Click Coupling Biomolecules to Substrates with Cyclooctyne N-Heterocyclic Carbenes

The Problem

Biomolecules are frequently appended to metal nanoparticles or surfaces for drug delivery or biosensing. Many approaches have been developed for these applications but generally a linker molecule is required for maximum long-term stability. Conventionally, linkers featuring thiol groups form self-assembled monolayers on substrates but these interactions are not stable long-term and dissociate over time. Biomolecules such as enzymes or aptamers can be attached pre or post-substrate binding and the chemistry often requires catalysts or harsh reaction conditions.

The Solution

Researchers at the University of Tennessee and the University of Notre Dame have developed novel linkers for a wide variety of applications. The key linker feature is the usage of cyclooctyne moieties for attaching a wide variety of functional components equipped with an azide for copper-free click chemistry. This innovation enables a wider suite of potential applications due to the larger availability of azide functionalized biomolecules. The linkers also feature an N-heterocyclic carbene that provides much stronger bonding to metal surfaces compared to thiols. The carbenes can couple to a large variety of substrates in large or nanoparticle formats. These can be purposed for electrochemistry, delivery, or spectroscopic applications based on the substrate format and the linked functional component.
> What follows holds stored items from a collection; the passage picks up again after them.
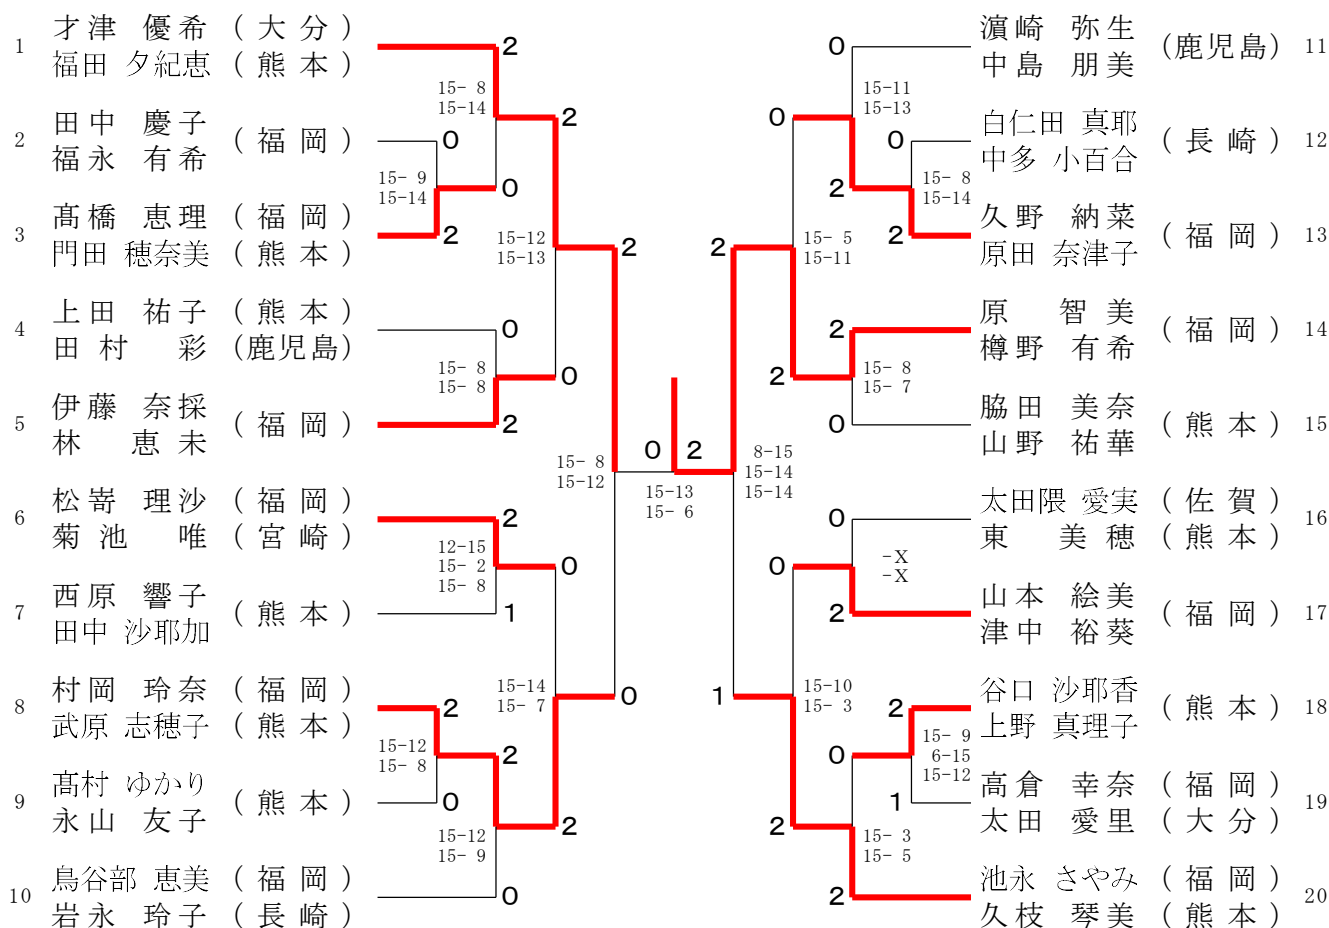

30歳以上女子複 (3 0 WD)
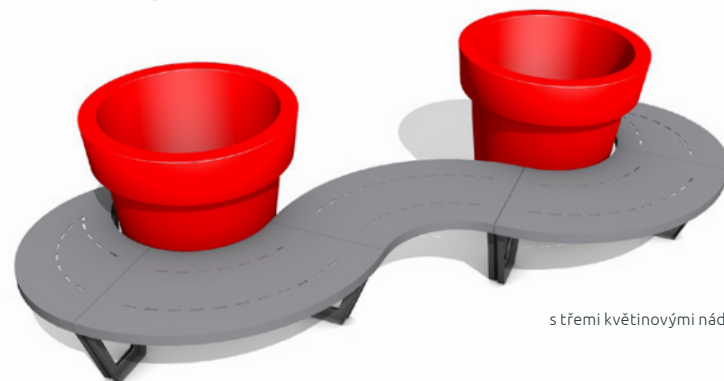

s třemi květinovými nádobami

Terra®
Group

Terra Group
Společně se postaráme
o ještě krásnější budoucnost!

Rybná 716/24
110 00 Praha 1

T: +420 22 888 56 57
F.: +420 22 888 56 57

info@terra-cz.eu
www.terra-cz.eu

TerraCity

Example structures for cyclooctyne-functionalized N-heterocyclic carbenes

Additional Information:

Cyclooctyne-Functionalized N-Heterocyclic Carbenes for Click Coupling of Sensing Oligonucleotides to Gold Surfaces | ACS Sensors

Benefits

Benefit
Biomolecules functionalized with azides are widely available and inexpensive
Strong substrate binding
Applicable to large substrates, microelectrodes, or nanoparticles

More Information

Derek Eitzmann
Assistant Technology Manager, Multi Campus Office
865-974-1882 | deitzman@tennessee.edu

UTRF Reference ID: 24162-03
Patent Status: Pending

Innovators

David Jenkins

Professor of Chemistry

The Jenkins group focuses on inorganic and organic synthesis to develop chemical systems ranging from homogenous catalysis, to porous frameworks, to surface modifications. We concentrate on three distinct areas of research, all of which are centered around the use of five-membered N-heterocycles (azoles) as ligands for transition metals. The first area is focused on developing macrocyclic tetra N-heterocyclic carbene (NHCs) ligands to stabilize metal-ligand multiple bonds for oxidative group transfer reactions. Typical catalysis studies concentrate on aziridination or epoxidation. In the second area, we utilize triazoles for the development of new metal-organic nanotubes (MONTs). These novel materials are studied on the bulk and nanoscale. The third area employs NHCs as ligands for metal surfaces of nanoparticles. These coated materials have many potential applications in medicine and electronics. To characterize the broad spectrum of compounds and materials that we synthesize, we apply a wide variety of analytical techniques including nuclear magnetic resonance and other spectroscopies, mass spectrometry, porosity measurements, and X-ray diffraction, including both powder and single crystal.